While these combined corporate and government efforts are likely to boost access to inexpensive essential drugs, Indian government actions might, ironically, have an adverse impact on the industry. Several pharmaceutical corporations operating in the Indian market are already averse to these new government policies, citing erosion in both top and bottom line results. There are at least two more negative repercussions potentially arriving from the government’s actions:

  • In a scenario, where the provision of price-capped drugs becomes unprofitable for the drugmaker, the pharmaceutical company may decide to discontinue the availability of these medicines in the Indian market. This took place prior to the introduction of the National Pharmaceuticals Pricing Policy 2011, when 27 of the 74 drugs under price control were discontinued. Such a scenario would render these price control efforts counter-productive, to say the least.
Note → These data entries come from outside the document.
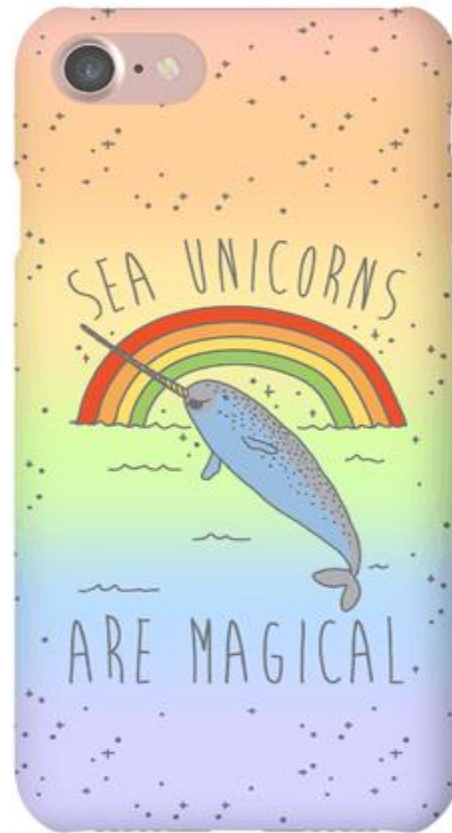

A decorative background featuring a single brown pine cone in the upper center, surrounded by green pine branches with white snow dusting. The background is a soft, light gray gradient.

Christmas Wish List

Ryleih Phillips

Unicorn Case

Camera

Smart watch

SLIME

squishy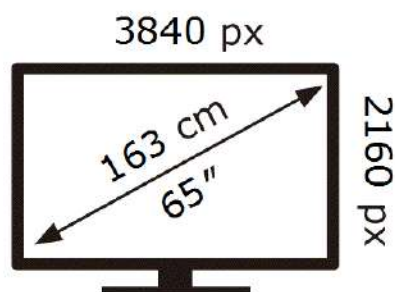

ENERGY

SAMSUNG

QE65QN90AAT

102 kWh/1000h

ABCDEF **G**

260 kWh/1000h

2019/2013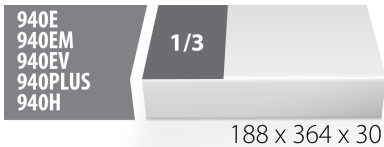

SOS tool tray for 964VDE7

VL964VDE7

Profiles

Barcode	L	B	H	Weight
621797	188	364	30	56

* Images of products are symbolic. All dimensions are in mm, and weight is in grams. All listed dimensions may vary in tolerance.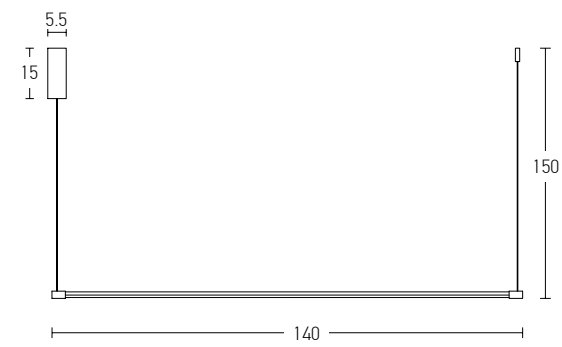

Power 20W
Input 220-240V, 50/60Hz
Color Temperature 3000K
Lumen 1600Lm
Cri 80
Dimensions Ø: 1.6cm L: 140cm H: 150cm
Base Ø: 5.5cm H: 15cm
Non Dimmable ☒
Material Aluminium - Acrylic
Special Feature 135cm Cable Adjustable
Color Black Matt / **Code 20119**
Color Gold Matt / **Code 20120**

  • At the same time, quite possibly, small domestic generic drug manufacturers are likely to be tempted to raise the prices of their low-cost drugs closer to the designated price-cap level, which in their case would mean an increase in the average price of drugs. This would, without a doubt, negatively impact consumers, particularly in smaller tier II and tier III cities across the country.

Increasing social pressure to provide affordable drugs is forcing both corporations and governments to introduce efforts to control drug prices. While these price control measures are necessary to make essential drugs affordable to the Indian public, these efforts may backfire in the long run. Possible drug discontinuation and average price hikes ultimately point towards corporations placing profit maximization over consumer needs.